Marx - The Key Ideas: Teach Yourself (Teach Yourself General) by Hands Gill
Author:Hands, Gill [Hands, Gill]
Language: eng
Format: epub
ISBN: 9781444129571
Publisher: Hodder & Stoughton
Published: 2010-02-26T00:00:00+00:00
Exploitation
Alienation is connected to exploitation by the capitalist. Marx saw the exploitation of one class by another as a fundamental part of an industrialized capitalist society. Marx believed that there had always been exploitation but it was only under the capitalist system that exploiting others became the normal way of working. In Chapter 4 we saw that the capitalists hold the balance of power. They are able to make a profit from the surplus value because they own the means of production. The worker is not aware of the fact that he is being exploited. He believes the capitalist has a right to the surplus value that is produced because he believes that is just the way things are, or part of human nature. This kind of exploitation is not really visible, unlike the more common forms of exploitation such as making people work long hours, child labour and difficult and dangerous working practices and conditions.
In the introduction to Das Kapital Marx says that he has not painted a picture of capitalists and landlords in a ‘rosy light’. There are many examples of explicit exploitation of workers given as examples in the book.
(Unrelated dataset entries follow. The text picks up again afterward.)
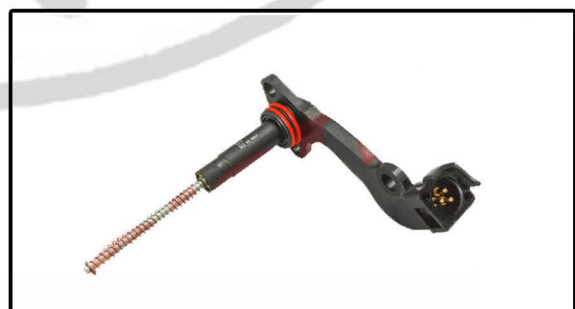

Description : Push Plate RIGHT

Transaxle Part No : **TRX4072**

OE Part No :

Description : Complete Mechanism

Transaxle Part No : **TRX4202**

OE Part No :

Description : Pad Sensor Kit

Transaxle Part No : **TRX6201**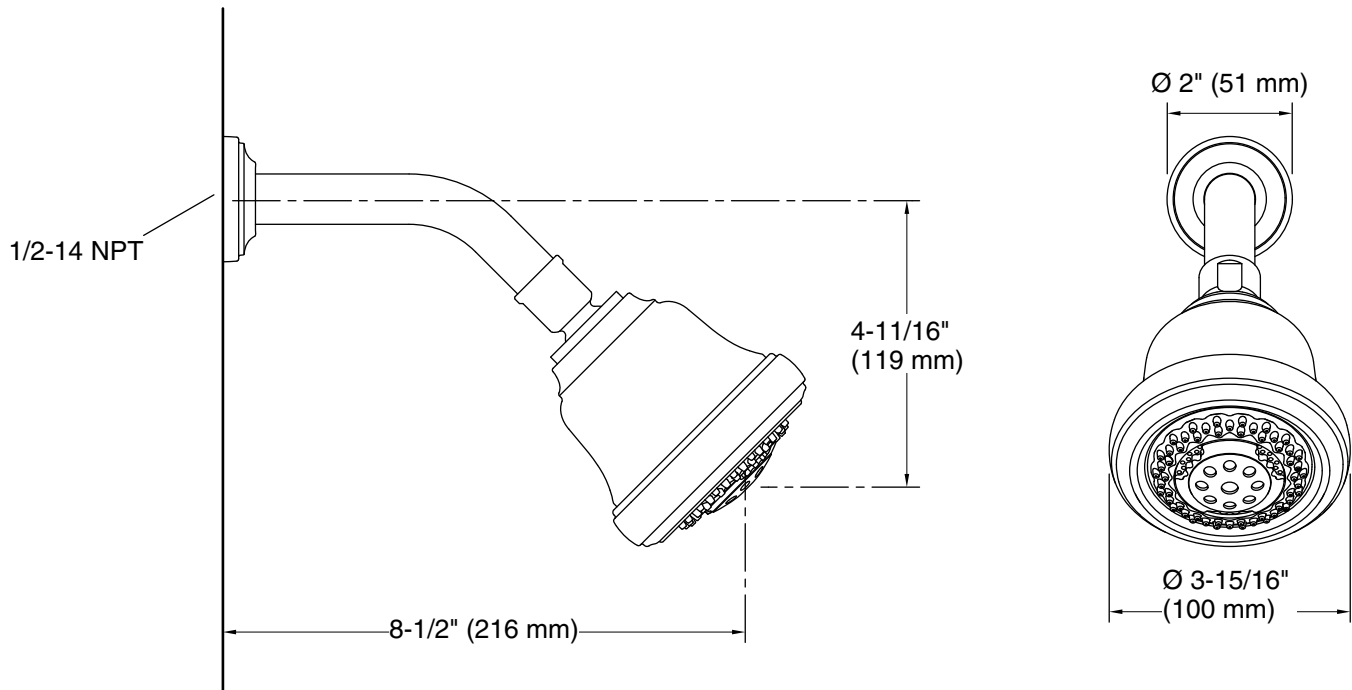

## Technical Information

All product dimensions are nominal.

Shower/Rainhead rated max flow: 1.75 gal/min (6.6 l/min)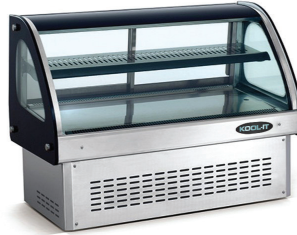

Counter-Top Display

- Modern, elegant design
- Stainless steel interior
- Can be built in to counter or free standing
- Glass front, sides, shelves and rear doors
- Digital temperature control
- Voltage: 115/60/1

KCD-36   **KCD-48**
$5,530 $6,250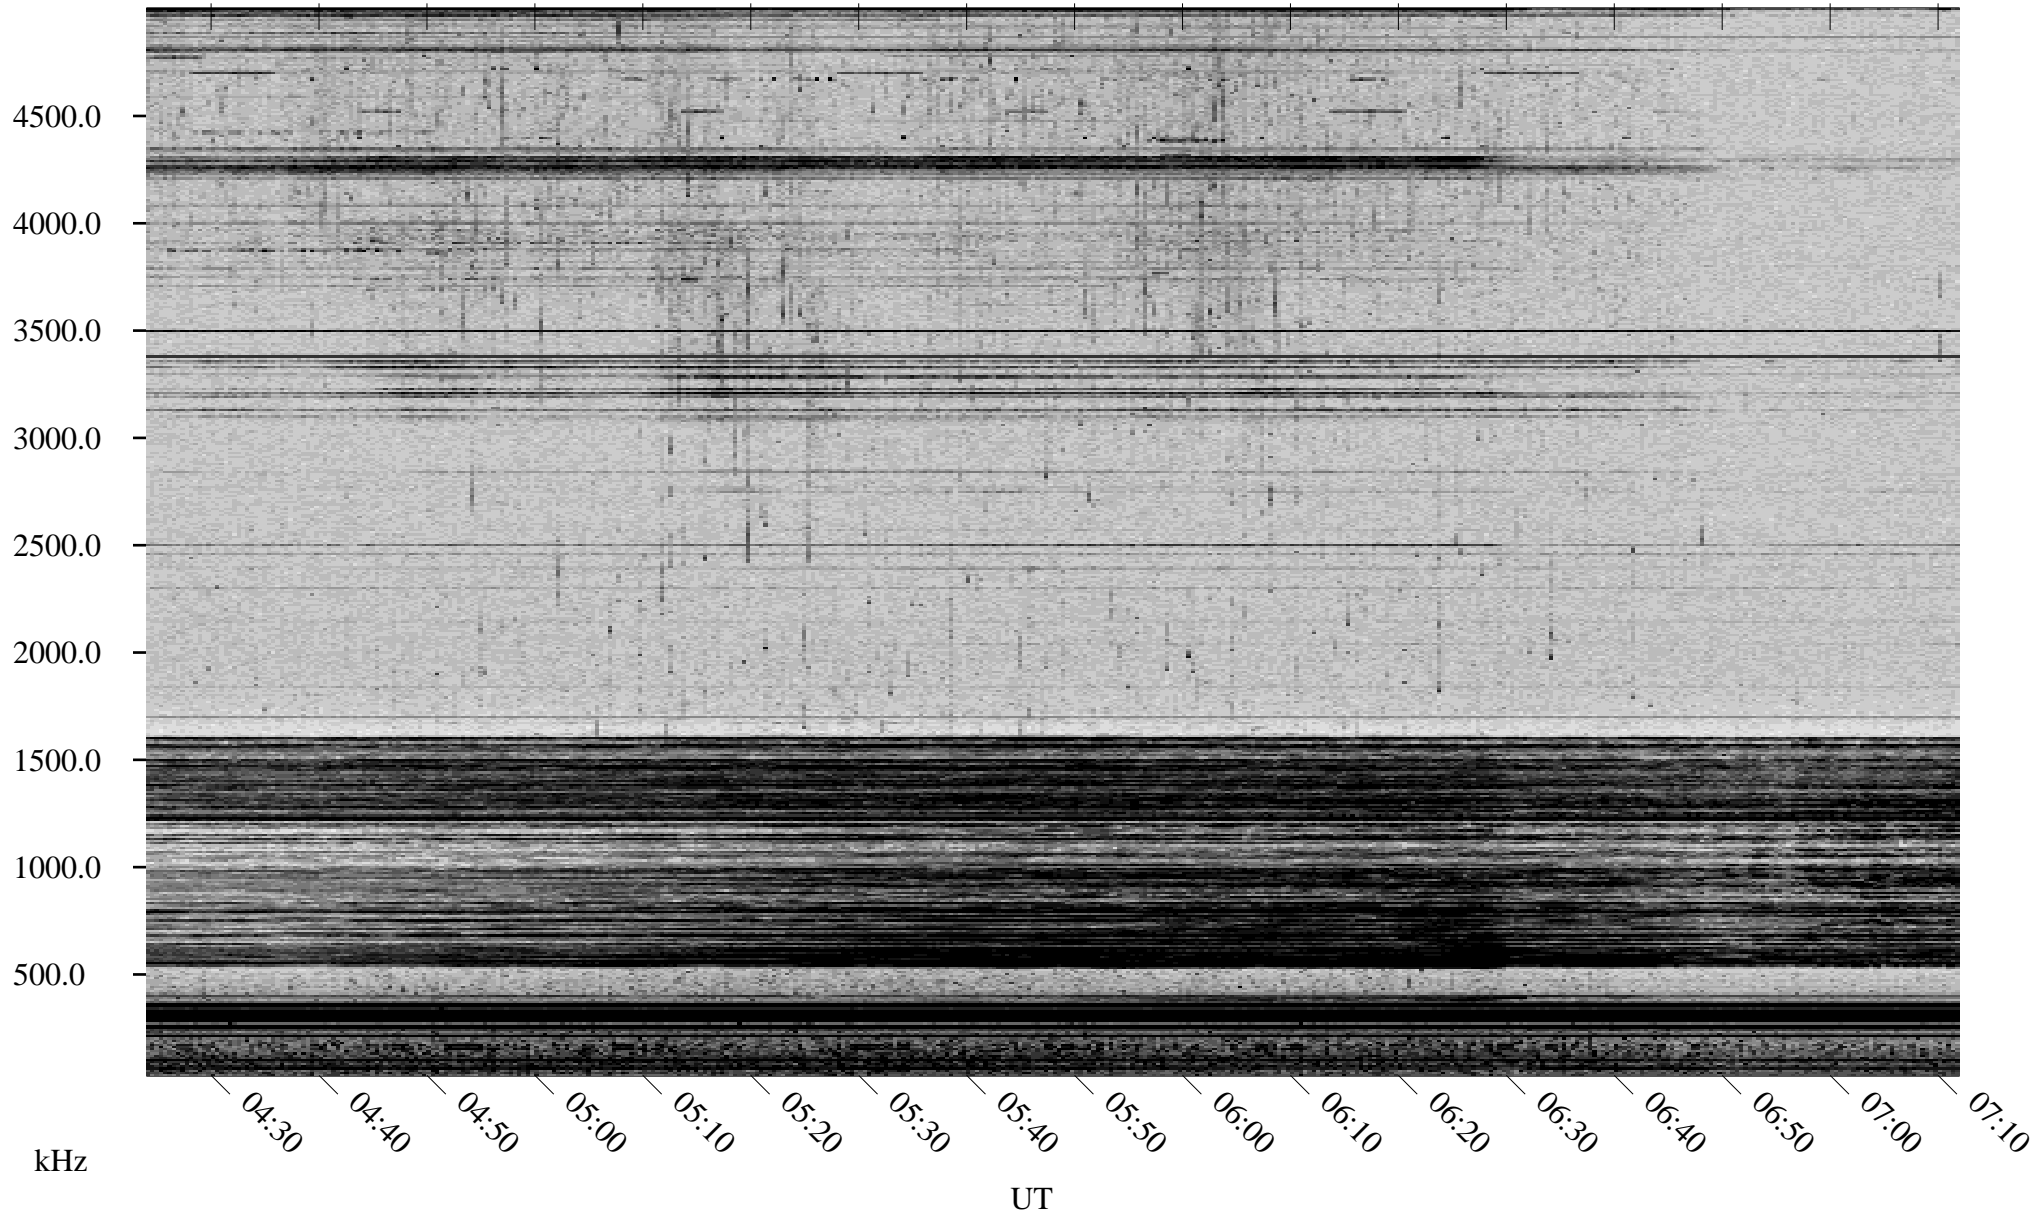

06/19/1998 Churchill, Manitoba

Linear Scale Black = 161 White = 15

ch98170l.r00m max_12

Page 1

06/19/1998 Churchill, Manitoba

Linear Scale Black = 161 White = 15

ch98170l.r00m max_12

Page 2

06/20/1998 Churchill, Manitoba

Linear Scale Black = 161 White = 15

ch98170l.r00m max_12

Page 3

06/20/1998 Churchill, Manitoba

Linear Scale Black = 161 White = 15

ch98170l.r00m max_12

Page 4

06/20/1998 Churchill, Manitoba

Linear Scale Black = 161 White = 15

ch98170l.r00m max_12

Page 5

06/20/1998 Churchill, Manitoba

Linear Scale Black = 161 White = 15

ch98170l.r00m max_12

Page 6

06/20/1998 Churchill, Manitoba

Linear Scale Black = 161 White = 15

ch98170l.r00m max_12

Page 7

06/20/1998 Churchill, Manitoba

Linear Scale Black = 161 White = 15

ch98170l.r00m max_12

Page 8

Chapter 10, The Working Day, consists of mountains of evidence that Marx collected from reports and newspaper articles. Evidence includes children working in mines and heavy industry in appalling conditions, engine drivers working 21-hour shifts, and dressmakers and milliners forced to work in overcrowded sweatshops where they died of consumption. Capital is ‘vampire like’, writes Marx in the introduction, and it ‘sucks living labour’.
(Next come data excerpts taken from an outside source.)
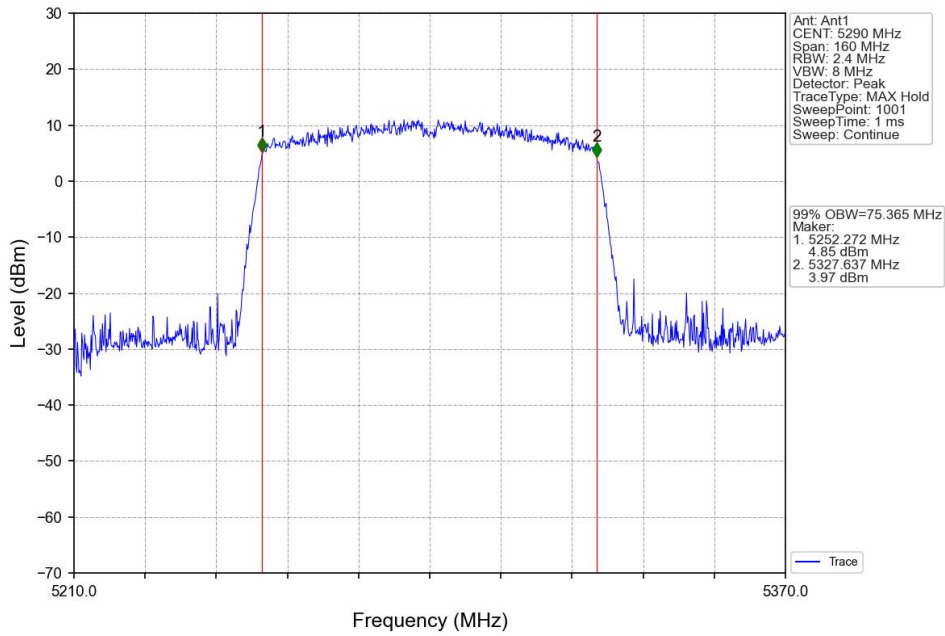

802.11ac(VHT40)_HCH_5230MHz_Ant1_NTNV

802.11ac(VHT40)_LCH_5270MHz_Ant1_NTNV

802.11ac(VHT40)_HCH_5310MHz_Ant1_NTNV

802.11ac(VHT40)_LCH_5755MHz_Ant1_NTNV

802.11ac(VHT40)_HCH_5795MHz_Ant1_NTNV

802.11ac(VHT80)_MCH_5210MHz_Ant1_NTNV

802.11ac(VHT80)_MCH_5290MHz_Ant1_NTNV

802.11ac(VHT80)_MCH_5775MHz_Ant1_NTNV

2.2 6dB BW

2.2.1 Test Result

Mode	TX Type	Frequency (MHz)	ANT	6dB Bandwidth (MHz)		Verdict
				Result	Limit	
802.11a	SISO	5745	1	15.161	>=0.5	Pass
		5785	1	15.156	>=0.5	Pass
		5825	1	15.145	>=0.5	Pass
802.11n (HT20)	SISO	5745	1	15.154	>=0.5	Pass
		5785	1	15.159	>=0.5	Pass
		5825	1	15.152	>=0.5	Pass
802.11n (HT40)	SISO	5755	1	35.156	>=0.5	Pass
		5795	1	35.156	>=0.5	Pass
802.11ac (VHT20)	SISO	5745	1	15.155	>=0.5	Pass
		5785	1	15.159	>=0.5	Pass
		5825	1	15.153	>=0.5	Pass
802.11ac (VHT40)	SISO	5755	1	35.159	>=0.5	Pass
		5795	1	35.157	>=0.5	Pass
802.11ac (VHT80)	SISO	5775	1	75.158	>=0.5	Pass

2.2.2 Test Graph

In the Victorian era the average age for death among the working classes was just 19 years. Marx records descriptions of the physical state of many of the workers in British industrial cities in Das Kapital; many of the examining doctors report on the undernourished and progressively stunted growth of the working classes.
Marx believed that a shorter working day would greatly benefit those people and in most democratic countries today there are laws to regulate the hours that people have to work. The workers who had to fight for improvements in working conditions by uniting against the capitalists found their inspiration in the works of Marx.
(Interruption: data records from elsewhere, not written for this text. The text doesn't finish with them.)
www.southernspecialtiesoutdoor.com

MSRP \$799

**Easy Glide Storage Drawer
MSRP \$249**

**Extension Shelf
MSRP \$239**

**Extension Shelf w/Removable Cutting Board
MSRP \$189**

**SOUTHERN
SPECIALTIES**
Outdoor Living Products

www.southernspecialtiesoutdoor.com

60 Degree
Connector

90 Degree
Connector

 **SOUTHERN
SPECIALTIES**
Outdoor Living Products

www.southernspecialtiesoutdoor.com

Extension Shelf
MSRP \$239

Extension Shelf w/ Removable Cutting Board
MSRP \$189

Marx did not make overt moral judgements on the capitalists; he tried to distance himself from any moral commentary in his writing and tried to keep true to the idea of objective materialism. He saw Das Kapital as a scientific study. However, anyone who writes in such an emotive way as Marx does, comparing capitalists to ‘werewolves’ and ‘vampires’ (as he does in Das Kapital) is obviously not in favour of capitalism as a system and is making a moral statement. Marx applauded those who did their best to alleviate working conditions but he believed that both worker and capitalist alike are victims of the system. The capitalist is only a part of the society around him and has no choice but to continue with things the way they are, for even if a factory owner were to give away his goods and his factory somebody else would take his place.